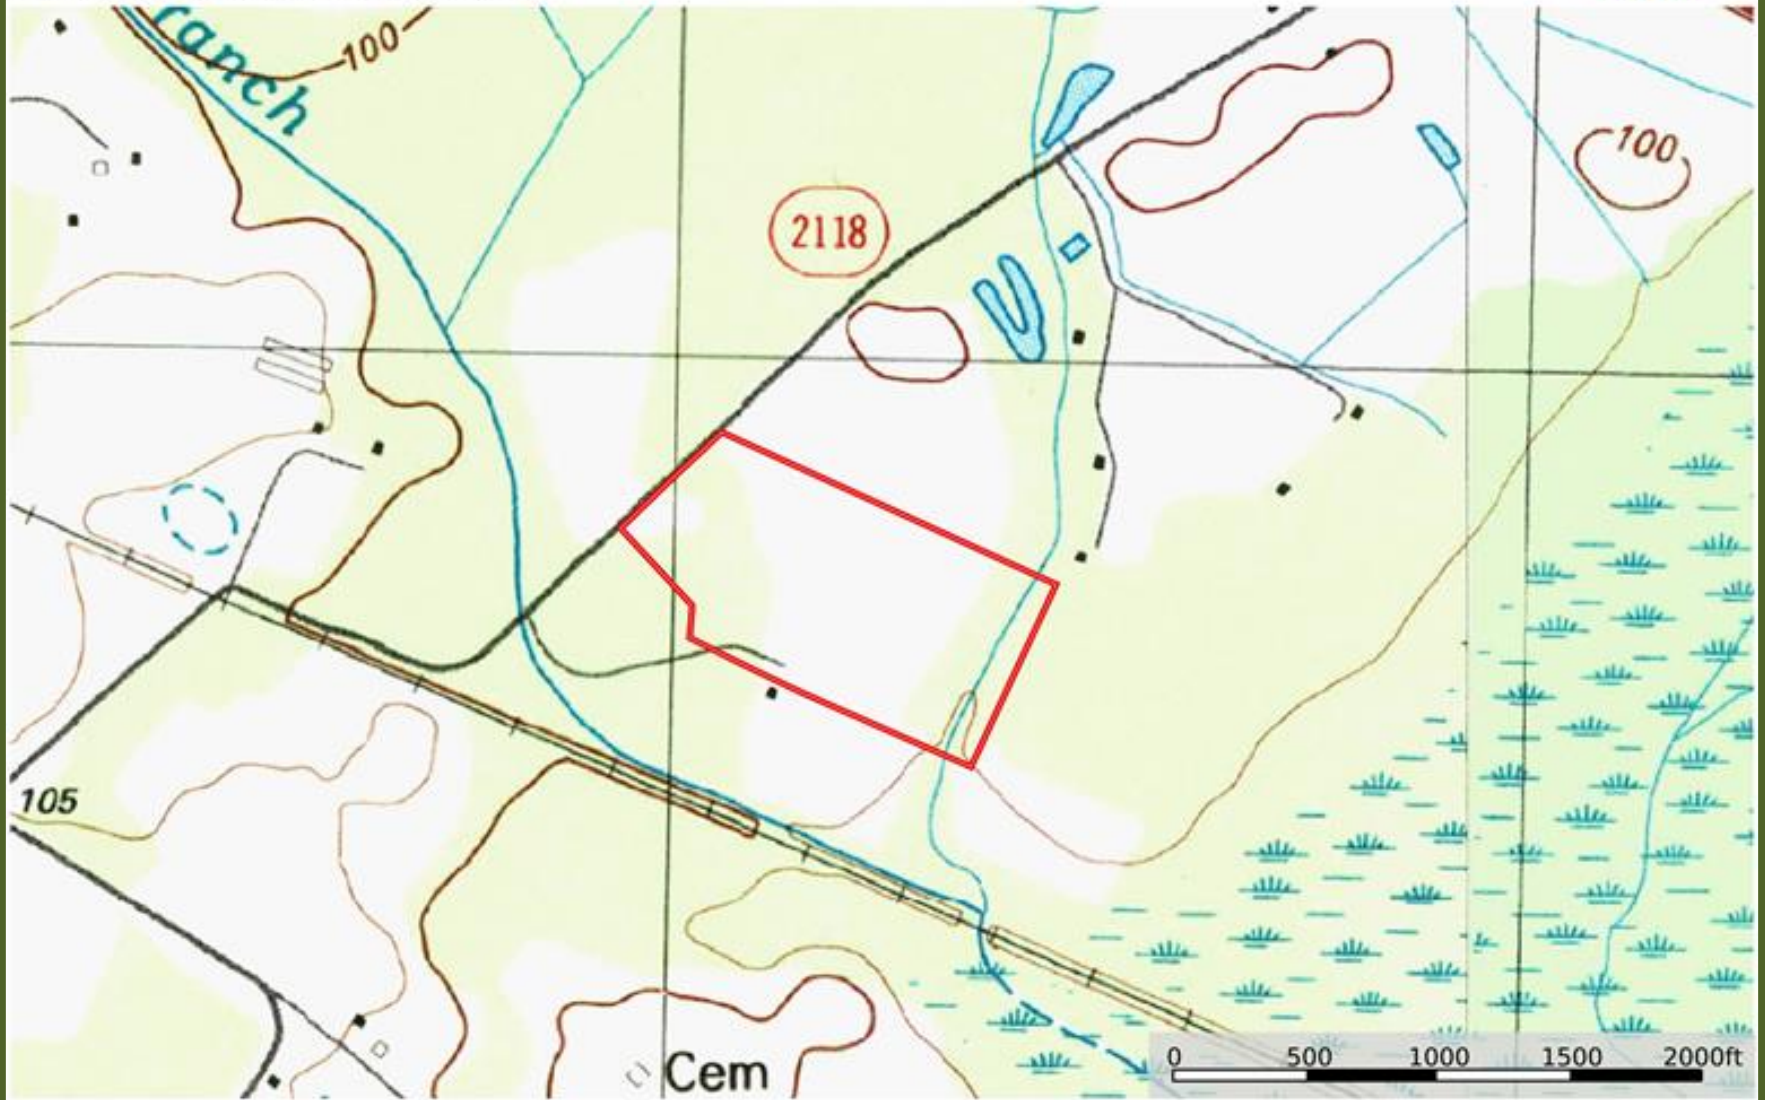

Pittman Road Farm Topographical Map
Robeson County, North Carolina, 25 AC +/-

Boundary

Marty Lanier
P: (910) 617-4326

www.rockcreeklandcompany.com

604 George II Highway Winnabow NC 28479

The information contained herein was obtained from sources deemed to be reliable. Land ID™ Services makes no warranties or guarantees as to the completeness or accuracy thereof.

WHAT TO DO | When you repeat the lines above, keep them exact and leave out each image they contain.

RESPONSE AREA |
Pittman Road Farm Topographical Map
Robeson County, North Carolina, 25 AC +/-

Boundary

Marty Lanier
P: (910) 617-4326

www.rockcreeklandcompany.com

604 George II Highway Winnabow NC 28479

The information contained herein was obtained from sources deemed to be reliable. Land ID™ Services makes no warranties or guarantees as to the completeness or accuracy thereof.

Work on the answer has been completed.